You must understand the realization of some of these abstractions in order not to interfere with them. As long as I have this code, let me show you something else.
We still have the same say function as before. But now, instead of calling it by reference, we simply take a function call, which is filled with the arguments that come from the onclick handler context.
We simply wrap this function inside the rpc syntax. This means that this is a client-side call function, but the call itself is launched on the server with access to the database and other server resources, and then transfers the result back to here.
The client can make a call anywhere in the scope of the function, with the exception of hidden private fields. I mean, since the function is located in a given place of the program, it can make calls to all whose names are in its scope.
This name, it turns out, is not in scope, so we could not make the call right here. But everything that is in the scope of a function can be called.
Let's see if there is anything else interesting in this version that I wanted to mention. It includes the implementation of a GUI widget using a functional reactive style, which is great in terms of modularity of programming, but perhaps less healthy in terms of security.
Let me give an example of calling the method of this abstraction from the part of the page that displays a list of lines of text that can only be added but not deleted. You can really provide a podomnoe, because we don't have a DOM here. This is not at all when any part of the code can penetrate the document tree and modify it, change the log and destroy previously added lines.

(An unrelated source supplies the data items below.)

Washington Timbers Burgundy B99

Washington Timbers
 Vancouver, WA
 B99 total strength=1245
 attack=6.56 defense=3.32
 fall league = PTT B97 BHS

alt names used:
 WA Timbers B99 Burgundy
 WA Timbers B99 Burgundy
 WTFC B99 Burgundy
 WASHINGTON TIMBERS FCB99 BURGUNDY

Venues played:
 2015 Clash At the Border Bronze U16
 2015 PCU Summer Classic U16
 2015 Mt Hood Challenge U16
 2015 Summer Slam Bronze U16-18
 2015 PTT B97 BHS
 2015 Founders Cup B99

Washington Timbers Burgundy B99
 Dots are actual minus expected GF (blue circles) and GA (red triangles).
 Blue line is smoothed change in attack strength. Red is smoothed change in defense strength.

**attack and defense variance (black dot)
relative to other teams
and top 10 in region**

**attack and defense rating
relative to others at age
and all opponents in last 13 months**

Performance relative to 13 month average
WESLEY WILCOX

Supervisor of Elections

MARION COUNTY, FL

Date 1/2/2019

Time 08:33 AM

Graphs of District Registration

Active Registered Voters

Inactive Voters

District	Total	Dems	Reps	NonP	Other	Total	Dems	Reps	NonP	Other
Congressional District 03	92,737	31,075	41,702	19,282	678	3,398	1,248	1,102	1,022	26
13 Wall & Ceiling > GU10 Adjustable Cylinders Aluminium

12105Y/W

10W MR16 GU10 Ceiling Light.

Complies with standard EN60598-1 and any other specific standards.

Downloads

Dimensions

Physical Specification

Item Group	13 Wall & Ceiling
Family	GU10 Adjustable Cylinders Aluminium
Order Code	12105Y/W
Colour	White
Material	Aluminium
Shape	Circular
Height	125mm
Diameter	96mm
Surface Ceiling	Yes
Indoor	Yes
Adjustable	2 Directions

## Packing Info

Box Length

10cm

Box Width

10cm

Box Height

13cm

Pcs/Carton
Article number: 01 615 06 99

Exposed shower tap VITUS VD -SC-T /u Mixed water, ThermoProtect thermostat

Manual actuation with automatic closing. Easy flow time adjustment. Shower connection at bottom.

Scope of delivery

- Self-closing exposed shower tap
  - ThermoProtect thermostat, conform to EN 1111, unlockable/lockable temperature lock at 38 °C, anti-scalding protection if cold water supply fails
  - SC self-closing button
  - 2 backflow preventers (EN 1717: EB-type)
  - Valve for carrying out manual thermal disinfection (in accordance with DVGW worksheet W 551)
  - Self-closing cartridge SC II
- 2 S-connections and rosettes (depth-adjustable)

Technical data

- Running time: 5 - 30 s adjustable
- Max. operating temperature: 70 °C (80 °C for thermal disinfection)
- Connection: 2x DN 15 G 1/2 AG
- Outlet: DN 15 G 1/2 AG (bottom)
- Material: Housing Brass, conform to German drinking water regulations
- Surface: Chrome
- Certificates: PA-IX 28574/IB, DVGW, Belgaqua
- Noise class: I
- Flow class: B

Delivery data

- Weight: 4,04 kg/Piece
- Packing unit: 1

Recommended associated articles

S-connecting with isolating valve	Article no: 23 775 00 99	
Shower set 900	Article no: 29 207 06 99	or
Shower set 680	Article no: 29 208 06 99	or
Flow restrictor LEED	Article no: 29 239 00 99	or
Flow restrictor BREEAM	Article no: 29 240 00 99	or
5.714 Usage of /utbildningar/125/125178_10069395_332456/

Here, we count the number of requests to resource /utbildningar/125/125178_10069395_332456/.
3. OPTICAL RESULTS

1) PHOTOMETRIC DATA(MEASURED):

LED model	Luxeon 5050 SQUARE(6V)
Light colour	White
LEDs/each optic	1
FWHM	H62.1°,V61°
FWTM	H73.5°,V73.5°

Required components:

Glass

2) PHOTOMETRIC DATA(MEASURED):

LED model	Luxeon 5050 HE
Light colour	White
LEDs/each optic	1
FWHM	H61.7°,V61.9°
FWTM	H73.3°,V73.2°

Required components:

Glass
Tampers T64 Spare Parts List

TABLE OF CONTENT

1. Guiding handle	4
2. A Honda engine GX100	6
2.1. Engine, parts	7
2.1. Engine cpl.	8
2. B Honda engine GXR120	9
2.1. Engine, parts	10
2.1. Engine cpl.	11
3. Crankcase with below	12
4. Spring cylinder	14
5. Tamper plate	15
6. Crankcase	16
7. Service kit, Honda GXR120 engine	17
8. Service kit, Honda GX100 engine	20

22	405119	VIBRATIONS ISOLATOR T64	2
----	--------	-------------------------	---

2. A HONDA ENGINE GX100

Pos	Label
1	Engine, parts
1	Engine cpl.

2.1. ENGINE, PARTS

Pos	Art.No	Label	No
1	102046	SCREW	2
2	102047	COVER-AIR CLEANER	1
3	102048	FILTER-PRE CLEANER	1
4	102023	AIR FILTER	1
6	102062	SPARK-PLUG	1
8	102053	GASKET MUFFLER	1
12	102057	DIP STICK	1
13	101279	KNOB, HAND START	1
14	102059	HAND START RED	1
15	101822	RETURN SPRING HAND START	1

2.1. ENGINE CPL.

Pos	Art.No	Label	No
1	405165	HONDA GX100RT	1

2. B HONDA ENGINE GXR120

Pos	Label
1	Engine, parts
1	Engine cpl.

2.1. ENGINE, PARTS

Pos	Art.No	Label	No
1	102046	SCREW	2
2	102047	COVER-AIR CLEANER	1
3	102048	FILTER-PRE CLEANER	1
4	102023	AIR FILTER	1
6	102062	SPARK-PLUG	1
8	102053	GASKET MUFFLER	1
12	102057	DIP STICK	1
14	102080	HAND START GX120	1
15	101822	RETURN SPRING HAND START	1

Here, a more functional style means that you can actually have a GUI widget that owns part of the page and controls exactly what is shown there, and other code cannot interfere with the calculations that appear there.
So, if there are no more questions, then we will end the lecture.
Professor:I don't think we have enough time to properly demonstrate the channels. But in the lecture summary there is a code, and on the site all sorts of demo versions and educational materials for this project are posted.
Student: It is very difficult to write the right libraries and compilers. How do you mitigate the problems that the layers of abstraction themselves create?
Professor: The best way is to get people to use these things and report bugs. This is the best advice I can give you. The idea is that such compilers should be written much less frequently than new applications. Because he collects in one place all the errors and tries to eliminate them, even if it does not happen in the most effective way.
Student: why did you choose such a name for your language - Ur?
Professor: Ur is a concept from linguistics, the so-called language, which is the ancestor of the modern language. And the idea is that this language allows you to insert into it all sorts of other languages. So this is a kind of progenitor of all languages.
Full version of the course is available here .
Thank you for staying with us. Do you like our articles? Want to see more interesting materials? Support us by placing an order or recommending to friends, 30% discount for Habr's users on a unique analogue of the entry-level servers that we invented for you: The whole truth about VPS (KVM) E5-2650 v4 (6 Cores) 10GB DDR4 240GB SSD 1Gbps from $ 20 or how to share the server? (Options are available with RAID1 and RAID10, up to 24 cores and up to 40GB DDR4).
VPS (KVM) E5-2650 v4 (6 Cores) 10GB DDR4 240GB SSD 1Gbps until December for free if you pay for a period of six months, you can order here .
Dell R730xd 2 times cheaper? Only here2 x Intel Dodeca-Core Xeon E5-2650v4 128GB DDR4 6x480GB SSD 1Gbps 100 TV from $ 249 in the Netherlands and the USA! Read about How to build an infrastructure building. class c using servers Dell R730xd E5-2650 v4 worth 9000 euros for a penny?